◆ Recorded information ◆
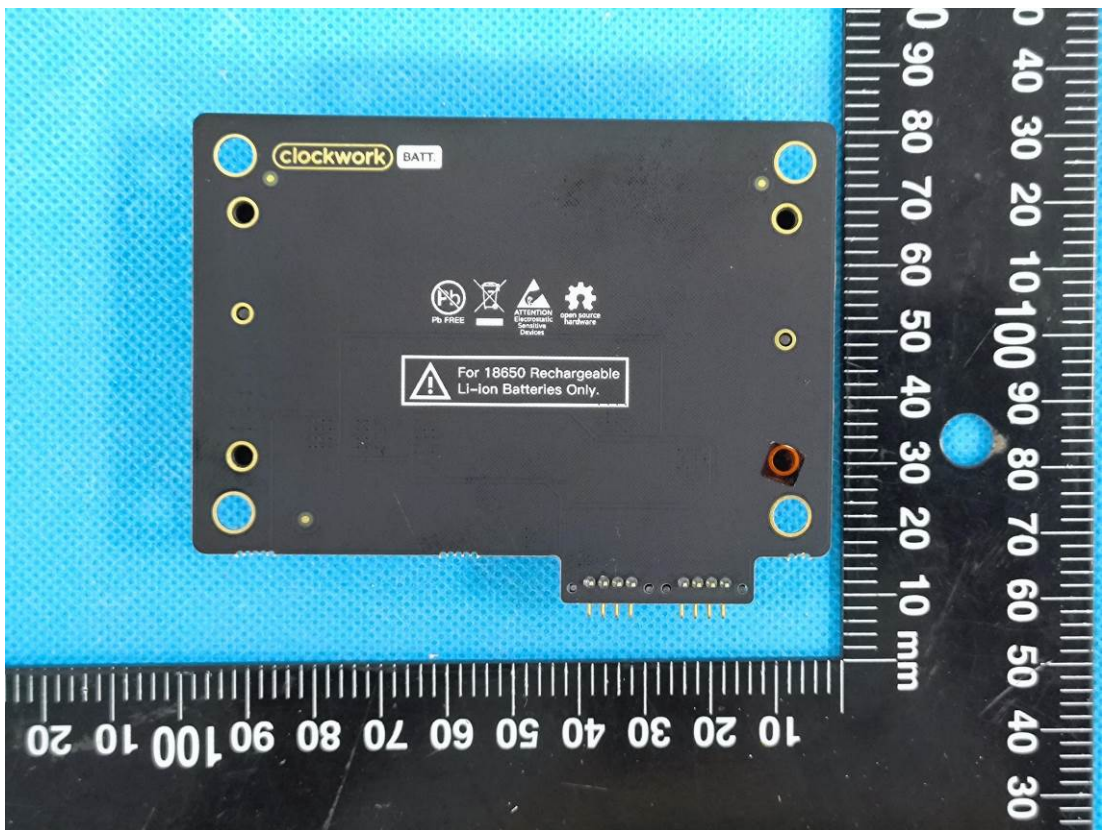

# EXHIBIT C - EUT INTERNAL PHOTOGRAPHS

DT-A04G

Antenna

DT\_0402  
(CPI3.14 H6  
CORE\_V2.0)

DT-A06G

Chip

Chip

Battery

Chip
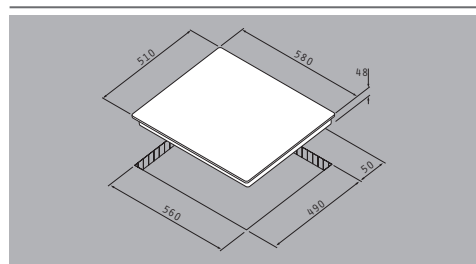

5 Zones Highlight:

	Ø145mm / 1200W
	Ø180mm / 1800W
	Ø120 / 210mm, 700 / 2100W
	Ø145mm / 1200W

Dimensions: 580 x 510mm

Touch controls

9 function levels

Safety lock

Residual heat indicator

Timer

◆ Exercise objective ◆
A word-for-word copy of the entries above is what is needed, without any images.

◆ Task response ◆
# EXHIBIT C - EUT INTERNAL PHOTOGRAPHS

DT-A04G

Antenna

DT\_0402  
(CPI3.14 H6  
CORE\_V2.0)

DT-A06G

Chip

Chip

Battery

Chip

5 Zones Highlight:

	Ø145mm / 1200W
	Ø180mm / 1800W
	Ø120 / 210mm, 700 / 2100W
	Ø145mm / 1200W

Dimensions: 580 x 510mm

Touch controls

9 function levels

Safety lock

Residual heat indicator

Timer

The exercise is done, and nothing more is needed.